== SOURCE RECORDS

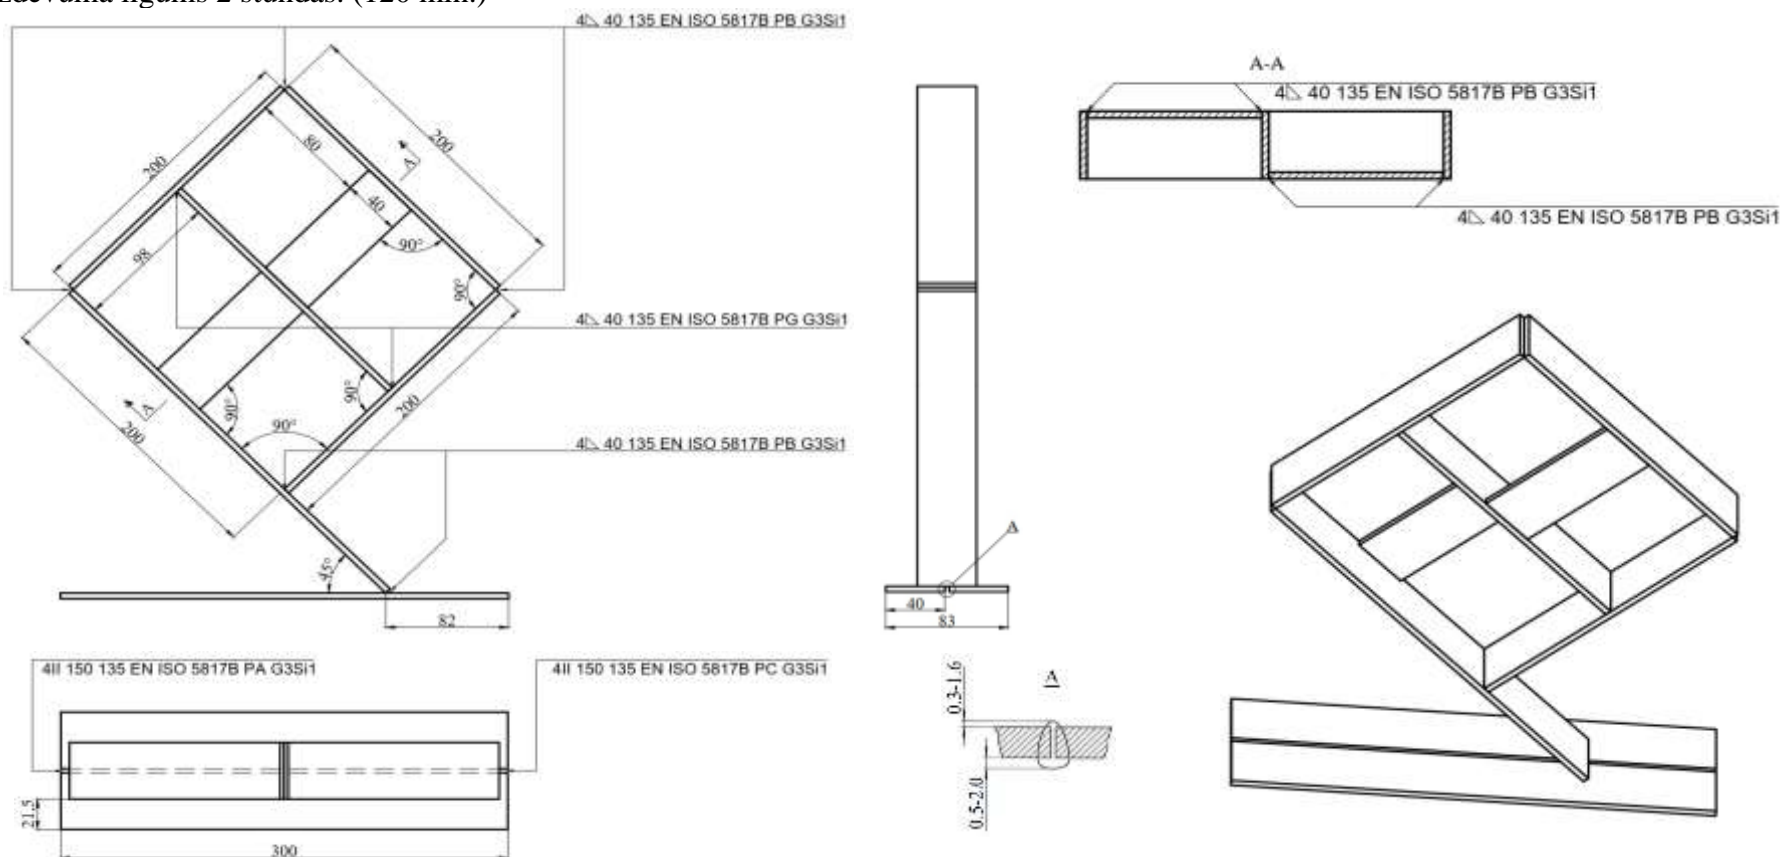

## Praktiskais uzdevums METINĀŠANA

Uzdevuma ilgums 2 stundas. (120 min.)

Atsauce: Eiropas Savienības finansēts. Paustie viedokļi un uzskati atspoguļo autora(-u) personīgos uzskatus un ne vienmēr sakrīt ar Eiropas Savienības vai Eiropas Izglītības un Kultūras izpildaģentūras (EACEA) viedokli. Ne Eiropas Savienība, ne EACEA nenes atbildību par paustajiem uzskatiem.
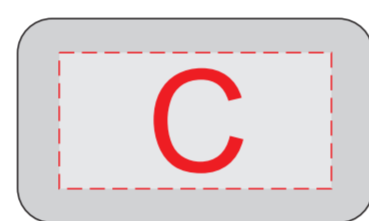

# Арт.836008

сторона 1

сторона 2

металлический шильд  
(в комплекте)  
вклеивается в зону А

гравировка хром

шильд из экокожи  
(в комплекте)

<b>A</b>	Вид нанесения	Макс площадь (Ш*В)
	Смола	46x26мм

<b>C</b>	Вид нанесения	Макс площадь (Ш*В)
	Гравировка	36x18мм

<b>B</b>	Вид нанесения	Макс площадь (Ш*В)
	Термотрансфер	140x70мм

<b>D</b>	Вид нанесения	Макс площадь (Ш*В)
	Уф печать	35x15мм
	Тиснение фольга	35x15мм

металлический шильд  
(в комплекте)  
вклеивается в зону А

====

■ **TASK TO COMPLETE**: Images stay out; everything else in the records must be given again exactly.

■ **SOLVED PROBLEM**:
## Praktiskais uzdevums METINĀŠANA

Uzdevuma ilgums 2 stundas. (120 min.)

Atsauce: Eiropas Savienības finansēts. Paustie viedokļi un uzskati atspoguļo autora(-u) personīgos uzskatus un ne vienmēr sakrīt ar Eiropas Savienības vai Eiropas Izglītības un Kultūras izpildaģentūras (EACEA) viedokli. Ne Eiropas Savienība, ne EACEA nenes atbildību par paustajiem uzskatiem.

# Арт.836008

сторона 1

сторона 2

металлический шильд  
(в комплекте)  
вклеивается в зону А

гравировка хром

шильд из экокожи  
(в комплекте)

<b>A</b>	Вид нанесения	Макс площадь (Ш*В)
	Смола	46x26мм

<b>C</b>	Вид нанесения	Макс площадь (Ш*В)
	Гравировка	36x18мм

<b>B</b>	Вид нанесения	Макс площадь (Ш*В)
	Термотрансфер	140x70мм

<b>D</b>	Вид нанесения	Макс площадь (Ш*В)
	Уф печать	35x15мм
	Тиснение фольга	35x15мм

металлический шильд  
(в комплекте)  
вклеивается в зону А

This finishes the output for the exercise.